Boundaries
Posted on July 1st, 2009
“When you do not set healthy boundaries for yourself you are inviting people to ignore your needs.”
Oprah
Creating a fine line between what you will and won’t accept into your life saves you from miscommunication, heartache, and that feeling of overwhelm from saying yes too often and no too little. Everything you let into your space can have a ripple effect into your whole life. What you say yes and no to today will have an effect tomorrow.
If we don’t have clear, healthy boundaries, we end up with draining relationships, unrealistic workloads, and unhealthy bodies and minds. First we need to decide what is healthy for us and what is not. From what foods you want to ingest into your body, to what you want to spend your time and energy on, to what quality of relationships you want in your life.
For example, what do you want to give and receive from a friendship? If you want friends that are fun and supportive, but you have friends who are negative and critical, then you either haven’t defined your boundaries or you’ve broken them. No one can define your boundaries for you, and no one can cross them without your permission on some level. Do you subscribe to the ‘once bitten, twice shy’ model, or the ‘three strikes you’re out’, or the ‘I’m a welcome matt, wipe your dirty feet on me as you enter’?
It’s not always easy to set a clear boundary, especially when the pros and cons of a situation, a relationship or a job are about even. You want the pros, but at what cost? Each of us has a breaking point, and the clearer we are about where that fine line ends the sooner we can let go of what no longer serves us and open up to healthier experiences.
Insights
♦ Review the important areas of your life such as relationships, finances, work, physical, mental and emotion health, and so on to determine how satisfied you are in each area.
♦ With the areas you feel satisfied, notice where you’re boundaries are being honored. These may be boundaries you were not aware of, but are intrinsic to your values, such as having honesty in a relationship, fun with friends, rewarding work, eating nutritious foods, spending time on what is important to you, and so on. Congratulate yourself!
♦ With the areas you feel unsatisfied, notice where you either have unclear boundaries or you have allowed a situation or person to cross your boundaries. What are you saying yes to and what are you saying no to (like saying yes to someone or something else and no to yourself)? What’s at stake for you to set and honor your boundaries? What will it take to set clear boundaries?
Inspiration
♦ With the important areas of your life where you are satisfied, identify the boundaries you’ve created within those. This will help you to make choices in the future. As you set your intention to attract new people and experiences into your life (i.e. a new job, friendship, goal etc.) use your boundaries list as a way to define what you want in your life. Whenever you have a decision to make, ask yourself whether it honors your boundaries or not.
♦ With the important areas of your life where you are not satisfied, make a list of what boundaries you haven’t set and/or which ones have been crossed. Determine what boundaries you need to set and how you will do that. Instead of getting caught in blame or victimhood, simply redefine your boundaries and move forward.

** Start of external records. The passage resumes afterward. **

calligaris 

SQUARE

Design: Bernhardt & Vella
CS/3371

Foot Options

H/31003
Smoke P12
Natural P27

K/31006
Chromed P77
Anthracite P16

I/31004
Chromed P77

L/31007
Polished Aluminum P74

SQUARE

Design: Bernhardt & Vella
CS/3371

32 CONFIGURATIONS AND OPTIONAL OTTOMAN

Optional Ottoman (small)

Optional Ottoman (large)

♦ If you are unclear or nervous about setting a new boundary, try this guided imagery exercise as a way to gain clarity and confidence. Sit in a comfortable position with your eyes closed. Take a few relaxing breaths and move all of your awareness into the center of your head, a few inches back from your forehead. Imagine the situation where you would like to create a healthier boundary. Notice any feelings of discomfort arise and simply feel them and breathe them out. Breathe in relaxation and as much amusement as you can as you look at this situation. Let yourself see clearly what it will cost you if you don’t set a healthy boundary. Ask your highest self what boundary needs to be set. Imagine this boundary has been set and notice the positive results. Even if it means ending a relationship or job etc. which would be sad for you, see the benefits down the road. Move past any fear or doubt and feel the relief, freedom, joy or whatever comes up as a result of honoring yourself and your boundaries.


July 3rd, 2009 at 3:09 pm
This is great, Gini — I think it’s so important to set and honour our own boundaries. It’s difficult at first, I think, but becomes a healthy habit.

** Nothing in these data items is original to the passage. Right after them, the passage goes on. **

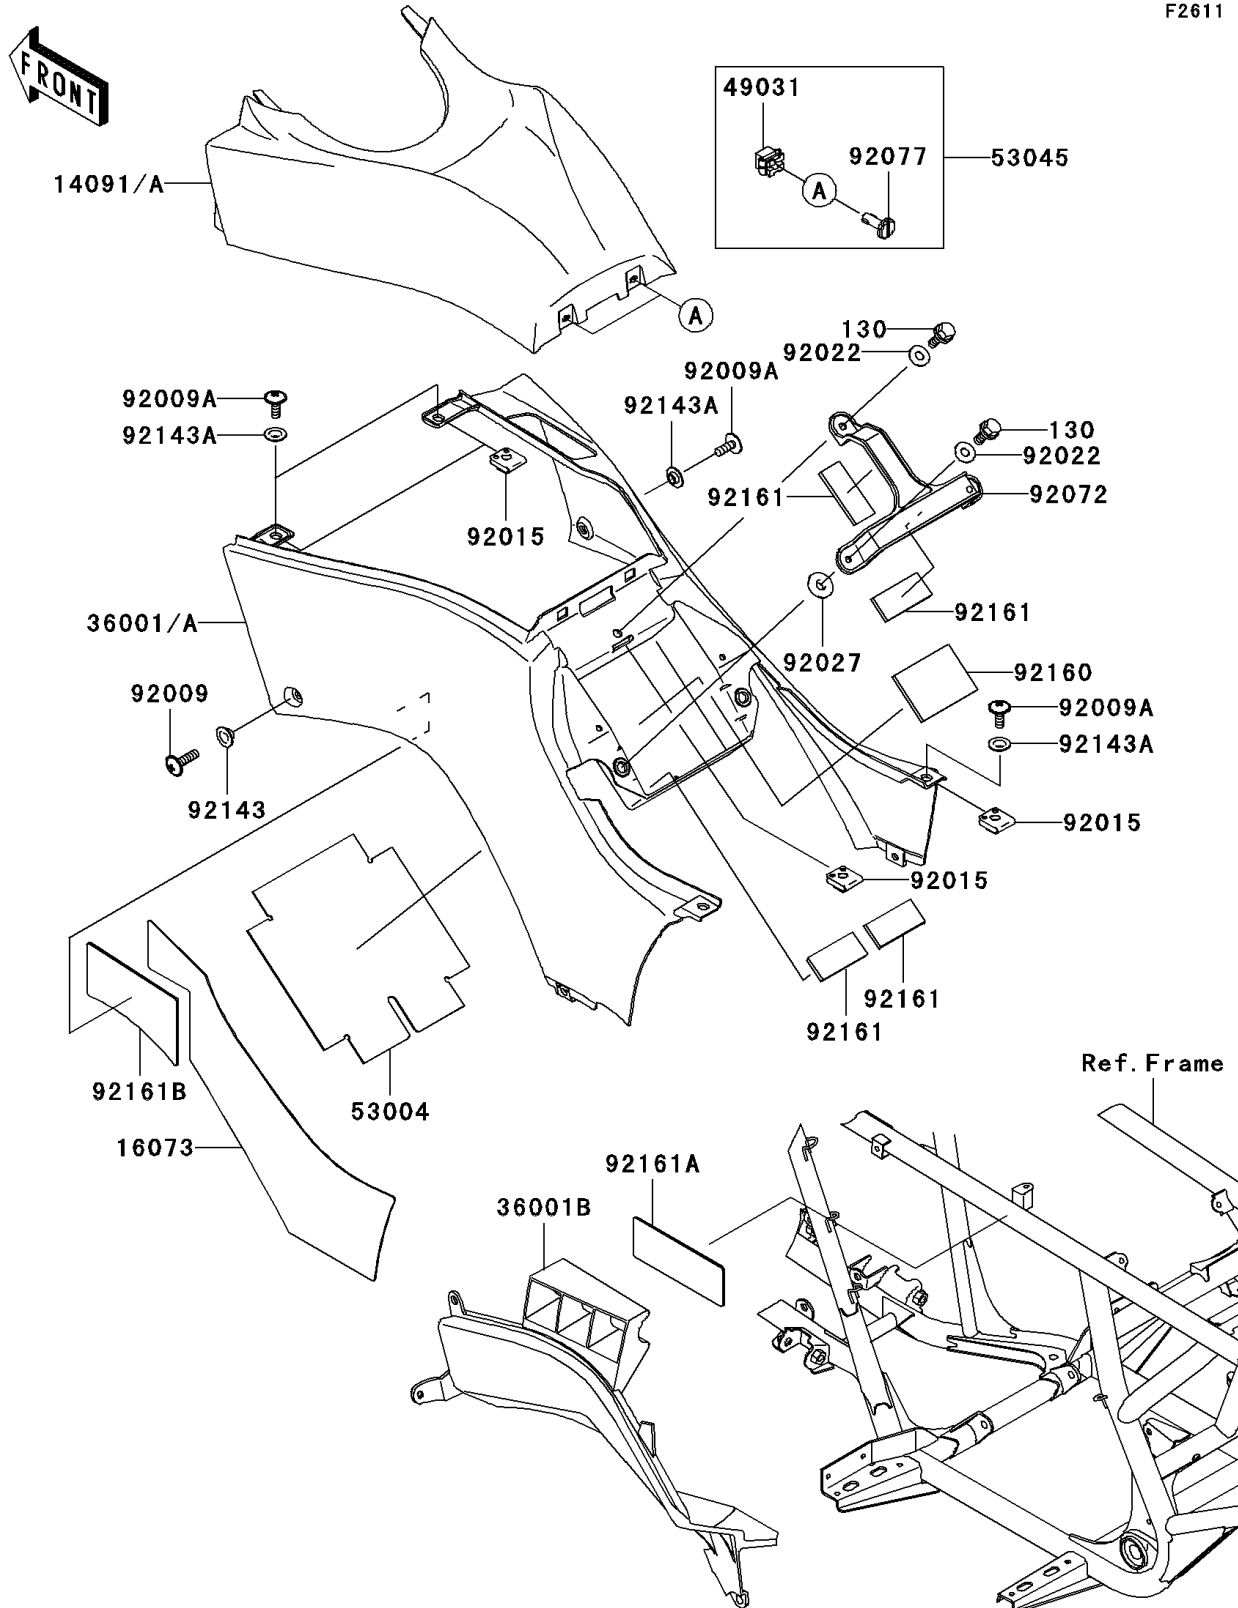

2005 Brute Force® 650 4x4 PARTS DIAGRAM

Side Covers

F2611

2005 Brute Force® 650 4x4 PARTS LIST

Side Covers

ITEM NAME	PART NUMBER	QUANTITY
BOLT-FLANGED,6X18 (Ref # 130)	130J0618	1
COVER,AIR CLEANER,A.RED (Ref # 14091)	14091-0430-260	1
COVER,AIR CLEANER,W.GREEN (Ref # 14091A)	14091-0430-286	1
INSULATOR,SIDE COVER (Ref # 16073)	16073-0019	1
COVER-SIDE,A.RED (Ref # 36001)	36001-0065-260	1
COVER-SIDE,W.GREEN (Ref # 36001A)	36001-0065-286	1
COVER-SIDE (Ref # 36001B)	36001-1647	1
LATCH (Ref # 49031)	49031-0001	1
MAT,BATTERY CASE (Ref # 53004)	53004-1172	1
HOOK-ASSY (Ref # 53045)	53045-0007	1
SCREW,6X22,BLACK (Ref # 92009)	92009-1256	1
SCREW,6X16 (Ref # 92009A)	92009-1621	1
NUT,CLAMP,6MM (Ref # 92015)	92015-1678	1
WASHER,6.5X16X1.0 (Ref # 92022)	92022-1093	1
COLLAR,L=4.7 (Ref # 92027)	92027-1964	1
BAND,BATTERY (Ref # 92072)	92072-1406	1
KNOB (Ref # 92077)	92077-0002	1
COLLAR (Ref # 92143)	92143-1057	1
COLLAR (Ref # 92143A)	92143-1087	1
DAMPER,BATTERY (Ref # 92160)	92160-1897	1
DAMPER (Ref # 92161)	92161-1127	1
DAMPER,SIDE COVER (Ref # 92161A)	92161-1201	1
DAMPER,FUEL TANK COVER (Ref # 92161B)	92161-1202	1

I’d also suggest practicing your “boundary talk” with an objective friend or family member. When I need to stand up for myself or set a boundary, it helps to have role played it first. Not even a serious role play, just a “this is what’s happening, this is what I want to see happen, and this is what I want to say.” I like getting rational feedback
Hope all is well with you. Looking forward to writing group!
Laurie
July 4th, 2009 at 11:21 am
Thanks for that suggestion Laurie - role playing it out or talking to someone about what you want to say around setting a boundary is a great idea.